Parenting roleplay underpins an unforgettable scene, and maternal dynamics and ageing are at the crux of the film. As well as directing, Englert also plays the role of Lucy’s troubled stunt-performer daughter Dylan, grappling with her own issues and trauma while also literally grappling with Marlon Williams’ actor character on their remote film set.
It’s when the two women come together that their pain and, yes, bad behaviour, come into clear view. Their scenes together, rendering this complex relationship and the two flawed characters at its centre, push the traumas underpinning the film’s comedy to its surface. It’s a bittersweet mother-daughter arc, but it pointedly leaves the question of who did the mothering in the air.
Another matrilineal link: Englert’s mother, Oscar-winning director Jane Campion, makes a cameo of her own. This background provides context for Englert’s assured directorial debut, which sees her join the family trade, and what one can only assume is her early exposure to the craft and challenges of film-making provides a layer to the narrative and polish to the movie.
She also possesses a refreshing perspective on the “nepo baby” discourse, acknowledging to W magazine in 2022, “I was born with a foot firmly wedged in the door.”
Her film premiered at Sundance Film Festival in January, and has screened at festivals in Sydney, Melbourne and Aotearoa’s own Whānau Mārama New Zealand International Film Festival.
New Zealand audiences, famously attuned to this kind of dark, dry humour and awkward silences, will be able to see it from November 2 when it launches at cinemas locally.
It’s being distributed in New Zealand and Australia by Ahi Films, which also supported its production.
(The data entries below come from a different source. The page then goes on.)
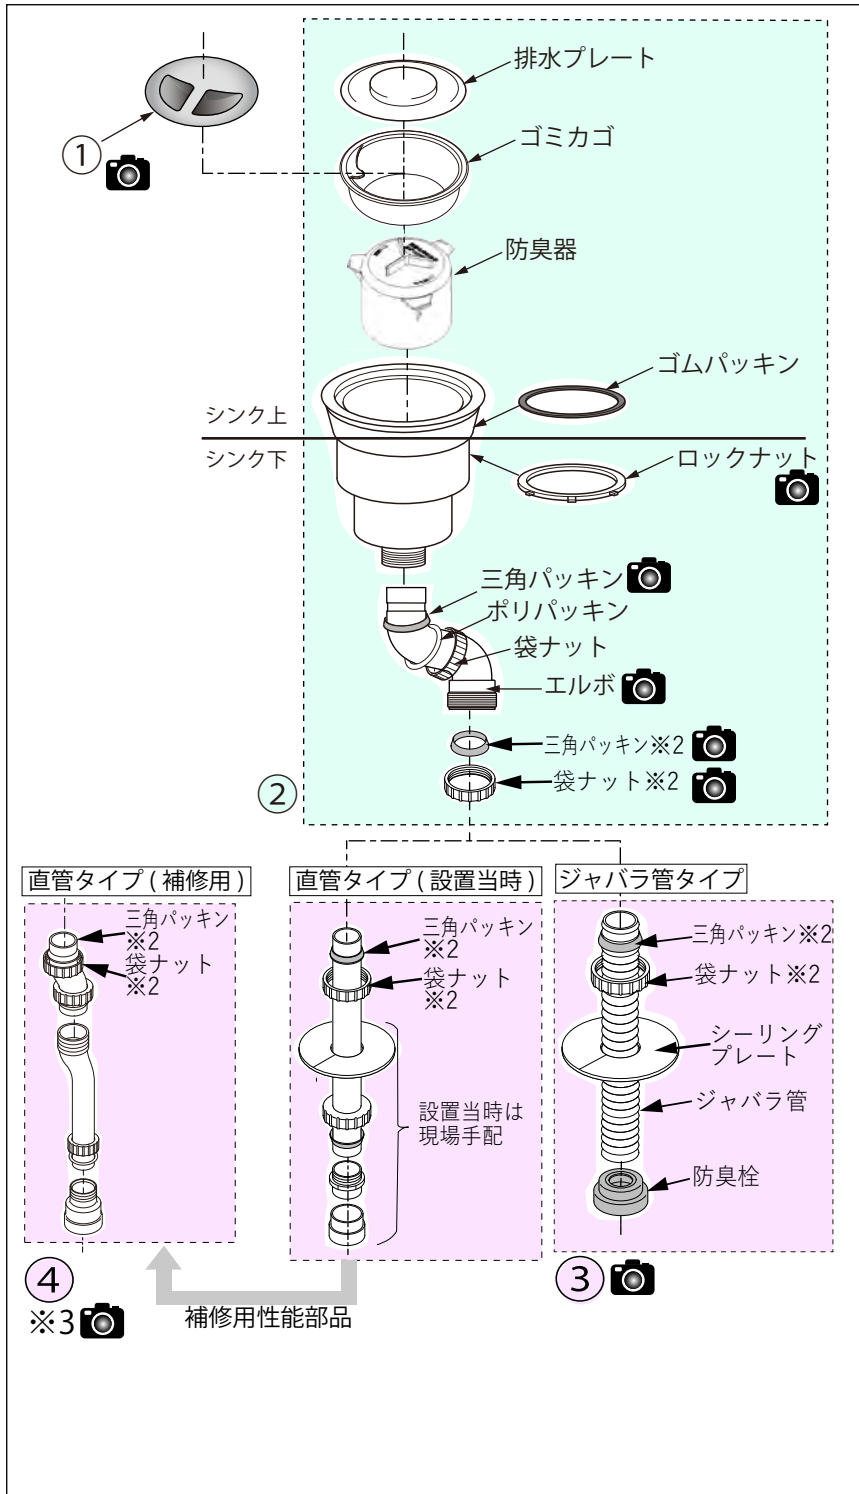

シリーズ	品番	手配可否
スタイルF	KAX07	廃番のため排水金具一式での手配はできません。
AZ	KCX07	廃番のため排水金具一式での手配はできません。

■注意事項

- ・パーツリストに掲載されていない補修用性能部品の手配はできません。
- ・一部を除き補修用性能部品は、ユニット・セット単位でのご案内となります。
- ・補修用性能部品の手配可否と価格は、品番検索のうえ都度ご確認ください。
- ・代替品の有無は、品番検索のうえご確認ください。

■パーツ図

■パーツリスト

No.	部品名称	品番
①	止水ふた	KROH011
②	トラップユニット※1	KSXH014CBXX
③	ジャバラ管セット	KXZWN86151M001
④	排水管(直管)セット ※3	KSOX002R

補修用性能部品の手配可否と価格については、品番検索のうえ都度ご確認ください。

- ※1 代替品です。
  ・既存品の部分交換はできません。
  ・必ずトラップユニット一式で交換してください。
  ・ジャバラ管を同時に交換する場合は、KSOX003 (トラップ組との境目の三角パッキン無し)を手配ください。
  詳細は、Q&A25-2107 ご確認ください。
- ・排水管(直管)と同時交換する場合は、排水管部分は部材を現場でご用意ください。④排水管(直管)セットとの同時交換はできません。
- ※2 三角パッキン・袋ナットは、②③④それぞれに含まれます。
- ※3 排水管のみの交換の場合は、こちらを手配ください。
  ②トラップユニットとの同時交換はできません。

各部材の画像は貝画像一覧をご確認ください

Funding came from the New Zealand Film Commission, the New Zealand Government’s Screen Production Grant, Bee-Hive Productions and other streams — an example of the investment needed to bring local films to life in an era of streaming and big-budget IP properties.
Our screens have seen the pursuit of wellness, happiness and satisfaction as popular fodder in recent years with the likes of Nine Perfect Strangers, The White Lotus and Severance, and while Englert’s film satirises the enlightenment industry and the self-obsession of modern culture, the characters are given the grace to find comfort and a sense of closure. It doesn’t condone the bad behaviour of its name, but it recognises our flaws and offers understanding.
Audiences will likely see something of themselves in Bad Behaviour — it resonates particularly with women — even though that doesn’t always sit comfortably. But that’s the point.
What if we’re not special? “You’re enough”, promises the film’s tagline.
Bad Behaviour is in theatres from November 2.